TO DO: Return every line below in which "without" appears.

AVAILABLE RECORDS:
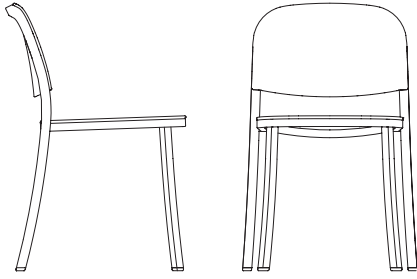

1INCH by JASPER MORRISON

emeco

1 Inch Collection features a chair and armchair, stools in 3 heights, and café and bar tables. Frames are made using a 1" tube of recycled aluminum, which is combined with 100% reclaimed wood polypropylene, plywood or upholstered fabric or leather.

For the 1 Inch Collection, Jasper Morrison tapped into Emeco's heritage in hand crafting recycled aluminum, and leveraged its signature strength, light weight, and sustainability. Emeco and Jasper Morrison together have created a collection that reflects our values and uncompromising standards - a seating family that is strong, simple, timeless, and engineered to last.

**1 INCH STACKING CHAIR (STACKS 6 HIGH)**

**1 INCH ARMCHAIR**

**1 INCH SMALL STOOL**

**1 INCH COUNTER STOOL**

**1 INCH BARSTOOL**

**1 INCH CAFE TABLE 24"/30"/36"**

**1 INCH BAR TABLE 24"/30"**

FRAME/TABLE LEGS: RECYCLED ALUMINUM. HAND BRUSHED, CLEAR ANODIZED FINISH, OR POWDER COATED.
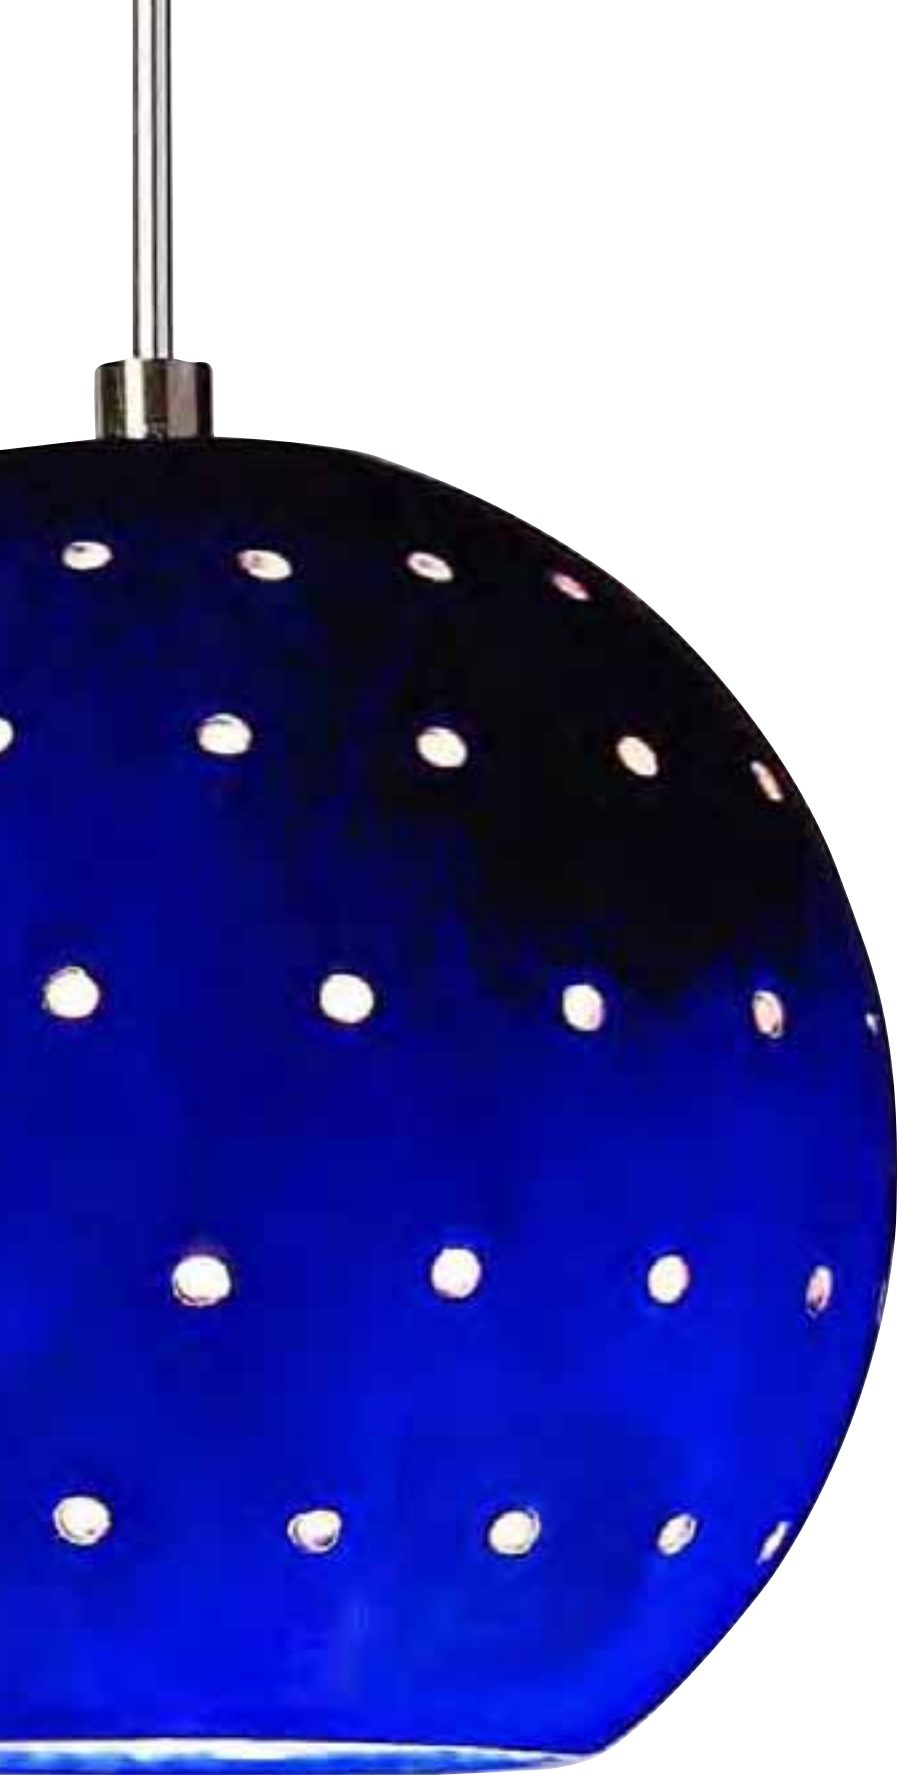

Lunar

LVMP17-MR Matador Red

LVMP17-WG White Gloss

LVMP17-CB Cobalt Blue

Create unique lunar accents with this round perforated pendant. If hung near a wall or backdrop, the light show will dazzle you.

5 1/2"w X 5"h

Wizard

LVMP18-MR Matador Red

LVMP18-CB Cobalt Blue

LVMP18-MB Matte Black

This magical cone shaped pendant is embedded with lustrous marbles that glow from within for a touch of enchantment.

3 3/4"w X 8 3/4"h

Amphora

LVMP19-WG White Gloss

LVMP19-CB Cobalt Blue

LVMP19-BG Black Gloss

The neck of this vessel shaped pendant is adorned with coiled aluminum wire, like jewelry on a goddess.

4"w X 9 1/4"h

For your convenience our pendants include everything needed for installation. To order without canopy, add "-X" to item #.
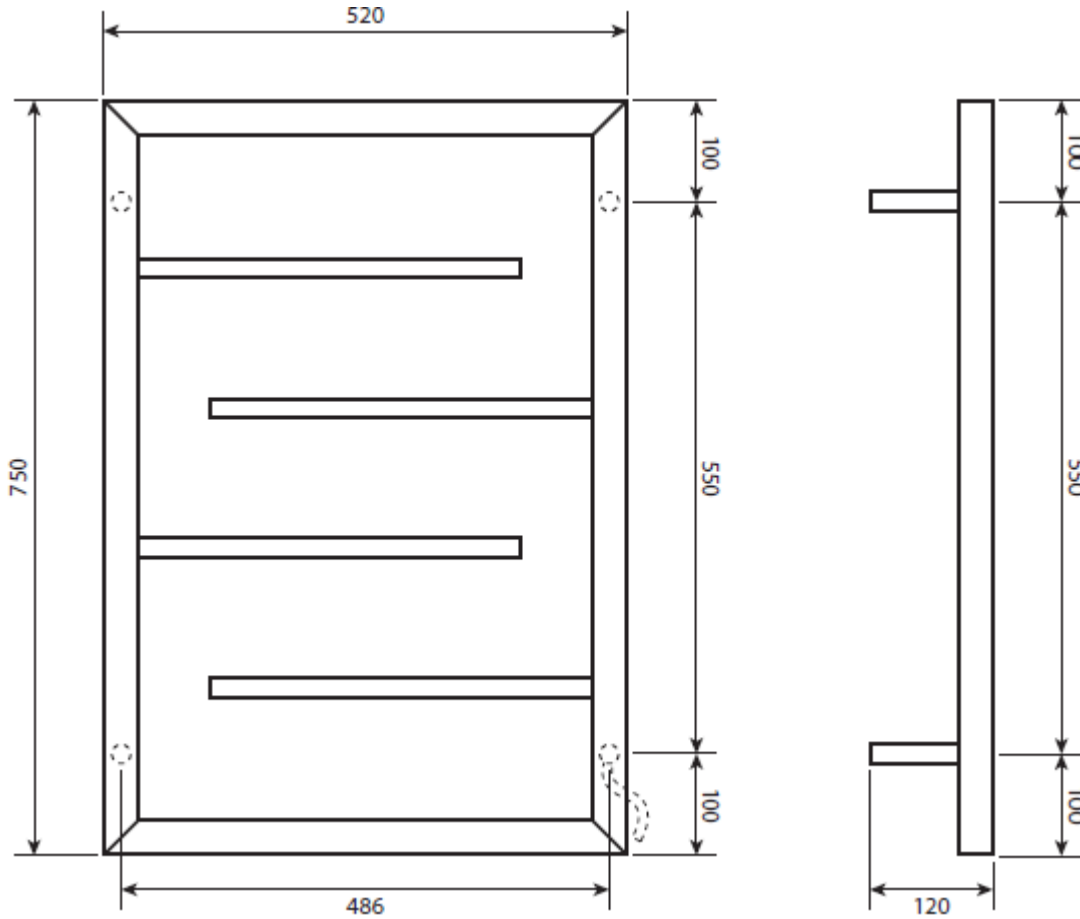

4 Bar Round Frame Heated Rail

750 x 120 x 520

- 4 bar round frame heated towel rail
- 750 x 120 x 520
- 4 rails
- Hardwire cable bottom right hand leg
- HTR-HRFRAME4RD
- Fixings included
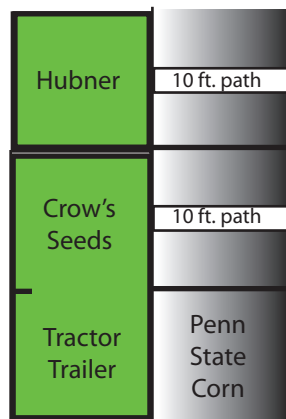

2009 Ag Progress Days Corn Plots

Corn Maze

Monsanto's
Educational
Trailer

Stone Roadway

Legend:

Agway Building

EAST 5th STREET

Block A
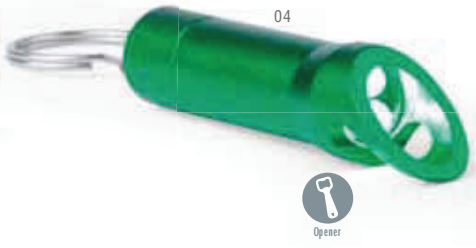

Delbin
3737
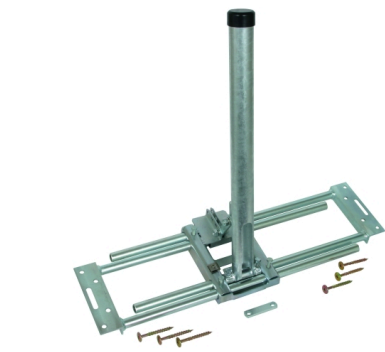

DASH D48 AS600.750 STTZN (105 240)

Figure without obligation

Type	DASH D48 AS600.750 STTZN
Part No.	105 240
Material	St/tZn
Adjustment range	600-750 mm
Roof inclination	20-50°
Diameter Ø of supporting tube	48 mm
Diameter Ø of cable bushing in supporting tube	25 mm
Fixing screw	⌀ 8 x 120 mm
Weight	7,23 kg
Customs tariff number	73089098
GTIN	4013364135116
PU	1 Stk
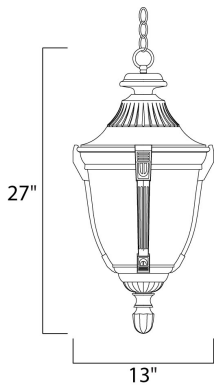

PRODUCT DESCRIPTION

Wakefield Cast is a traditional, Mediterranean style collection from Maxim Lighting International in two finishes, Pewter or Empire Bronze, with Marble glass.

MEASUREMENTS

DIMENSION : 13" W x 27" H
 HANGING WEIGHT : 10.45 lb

* * *

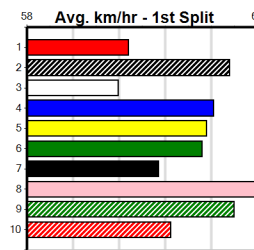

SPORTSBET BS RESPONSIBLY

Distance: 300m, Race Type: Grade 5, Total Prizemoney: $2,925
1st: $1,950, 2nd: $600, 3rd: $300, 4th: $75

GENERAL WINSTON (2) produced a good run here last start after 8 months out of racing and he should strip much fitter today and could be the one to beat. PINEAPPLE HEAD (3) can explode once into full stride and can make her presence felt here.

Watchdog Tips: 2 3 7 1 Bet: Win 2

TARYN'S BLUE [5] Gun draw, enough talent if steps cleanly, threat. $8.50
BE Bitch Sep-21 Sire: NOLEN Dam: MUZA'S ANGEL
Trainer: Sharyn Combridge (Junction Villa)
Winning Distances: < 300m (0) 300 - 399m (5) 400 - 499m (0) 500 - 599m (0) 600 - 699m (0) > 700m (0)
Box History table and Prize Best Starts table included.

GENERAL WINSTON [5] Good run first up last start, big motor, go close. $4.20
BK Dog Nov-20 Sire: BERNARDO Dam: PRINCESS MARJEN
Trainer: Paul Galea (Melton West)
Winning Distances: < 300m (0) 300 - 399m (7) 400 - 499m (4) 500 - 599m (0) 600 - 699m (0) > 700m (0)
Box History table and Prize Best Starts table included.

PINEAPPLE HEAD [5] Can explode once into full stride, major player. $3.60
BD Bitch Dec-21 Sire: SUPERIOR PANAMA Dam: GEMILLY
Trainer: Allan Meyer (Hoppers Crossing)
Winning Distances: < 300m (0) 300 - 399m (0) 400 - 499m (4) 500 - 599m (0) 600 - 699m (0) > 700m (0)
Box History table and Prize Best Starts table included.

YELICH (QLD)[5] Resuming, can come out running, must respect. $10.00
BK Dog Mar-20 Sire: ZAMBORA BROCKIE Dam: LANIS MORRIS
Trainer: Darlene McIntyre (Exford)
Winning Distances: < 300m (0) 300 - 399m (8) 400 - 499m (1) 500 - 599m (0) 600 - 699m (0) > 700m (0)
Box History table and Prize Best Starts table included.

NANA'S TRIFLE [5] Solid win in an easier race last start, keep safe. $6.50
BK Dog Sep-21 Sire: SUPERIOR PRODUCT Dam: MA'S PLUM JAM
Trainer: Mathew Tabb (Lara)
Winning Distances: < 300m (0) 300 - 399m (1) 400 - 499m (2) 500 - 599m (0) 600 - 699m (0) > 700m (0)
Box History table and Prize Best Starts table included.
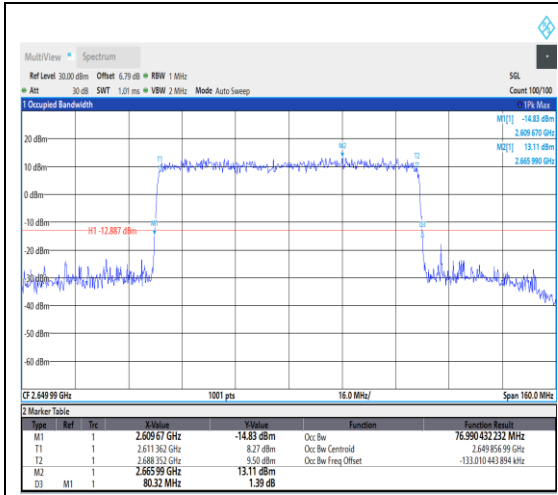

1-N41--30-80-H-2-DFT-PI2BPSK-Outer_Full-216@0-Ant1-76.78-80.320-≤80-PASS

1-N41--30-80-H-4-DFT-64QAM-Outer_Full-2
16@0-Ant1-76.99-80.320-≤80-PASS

ANSWER SECTION:
For your convenience our pendants include everything needed for installation. To order without canopy, add "-X" to item #.
Figure without obligation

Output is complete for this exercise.